Arriva all’assurdo l’egocentrismo del consigliere comunale di opposizione Daniele Mancini, che ritiene di essere il centro e il fulcro dell’agire della Redazione del Clandestino giornale. Ogni articolo, ogni informazione diffusa dal nostro giornale, persino le domande rivolte alla nostra redattrice da una cittadina e una risposta di cortesia, diventano ulteriore motivo di attacco personale e professionale da parte del consigliere alla Redazione e alla giornalista Elisabetta Bonanni.
La cosa più vergognosa è usare la Redazione di un giornale per portare avanti una battaglia politica, almeno di facciata, contro questa Amministrazione comunale. Mancini arriva ad affermare che il Clandestino giornale ha realizzato degli articoli per replicare alle sue comunicazioni. Niente di più falso. Rassicuriamo il consigliere Mancini, come abbiamo avuto modo di fare direttamente anche in passato: le sue comunicazioni non sono il nostro primo pensiero. E neanche il secondo.

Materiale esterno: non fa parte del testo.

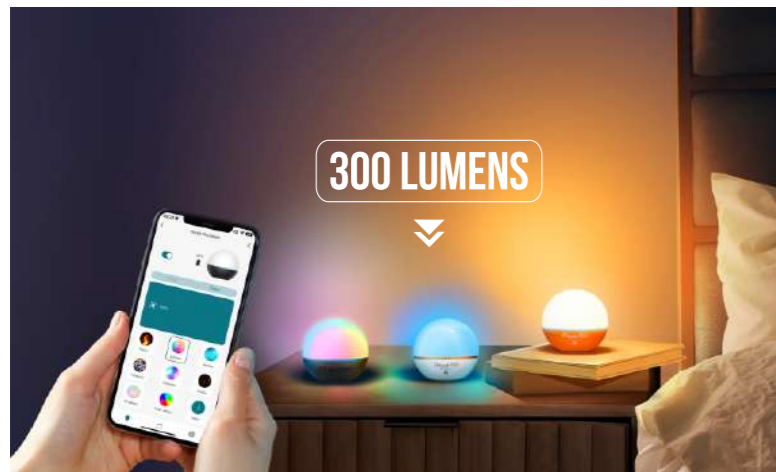

OBULB PLUS

BIGGER, BRIGHTER, WITH APP
AND TOUCH CONTROL

APPLICATIONS

INDOORS
OUTDOORS

MAX. OUTPUT

300 LUMENS

MAX. RUNTIME

49 HOURS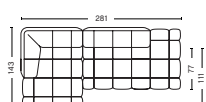

COMBINATION 21 | RIGHT 411+401 OR LEFT 402+412

DIMENSION
W281 x D143 x H72 cm
Seat H41 cm

PRODUCT STATUS
Order produced

PACKAGING
2 box | 1 pcs.

BOX DIMENSION | WEIGHT
W181 x D116 x H80 cm | 58 kg
W151 x D116 x H80 cm | 57 kg

DESCRIPTION	PRICE
Fabric group 1	43.440,00
Fabric group 2	48.720,00
Fabric group 3	51.360,00
Fabric group 4	52.640,00
Fabric group 5	57.920,00
Fabric group 6	83.920,00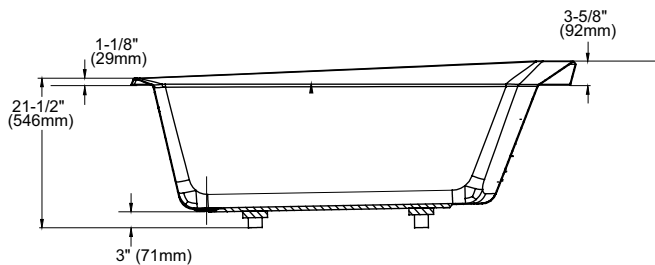

ABY964N

Soirée® 6' Soaker Bathtub

SPECIFICATIONS

- Size 72-3/8" L x 39-1/2" W
- Depth 20-1/2"
- Water Depth 15.9"
- Warranty 1 Year Limited Warranty on acrylic tub
  1 Year Limited Warranty on components and parts
- Material Cast Acrylic
- Shipping Weight 110 lbs.
- Shipping Dimensions 74" L x 44" W x 27" H
- Gallons 98 to overflow

INSTALLATION NOTES

Floor support under bath must provide a minimum of 75 lbs/square foot (366 kg/square meter) loading. Check local codes for requirements on installing an ASSE 1070/ASME A112. 1070/CSA B125.70 compliant device in series with the tub faucet.

TOTO®

These dimensions and specifications are subject to change without notice

La Redazione del Clandestino è composta da personale ridotto che si impegna al massimo per offrire una comunicazione verificata e affidabile, ha come faro del suo progetto comunicativo di dare primaria importanza alle notizie di cronaca. Il resto ha la nostra massima attenzione, nel tempo che resta. Non ci interessa rispondere alle domande poste dal consigliere Mancini, né alle sue richieste, né alle sue elucubrazioni e nemmeno alle accuse che muove a questa maggioranza che ha tutti i mezzi per difendersi da sola e che spesso invece non si dà pena di replicare alle comunicazioni, sempre aggressive del consigliere. Il nostro punto di riferimento sono i lettori.
Quello che invece sembra emergere è che il consigliere Mancini, lasciata la ribalta del ruolo istituzionale di vice Sindaco, soffra una inevitabile carenza di attenzione da parte della stampa ma anche degli avversari politici, probabilmente molto più impegnati a confrontarsi sulla crisi di maggioranza ancora in corso che sulle esternazioni di un consigliere che è in minoranza anche all’opposizione.
Consigliere Mancini il Clandestino giornale e la giornalista Elisabetta Bonanni sono liberi di fare informazione e continueranno a farlo nonostante i suoi attacchi e i suoi tentativi di intimidazione. Non ci facciamo mettere il bavaglio da nessuno. Non è la prima volta che la politica cerca di zittire e sminuire la stampa che ritiene arbitrariamente nemica, ma noi siamo pronti ad agire e reagire, in ogni sede, a tutela del nostro lavoro e della nostra professionalità.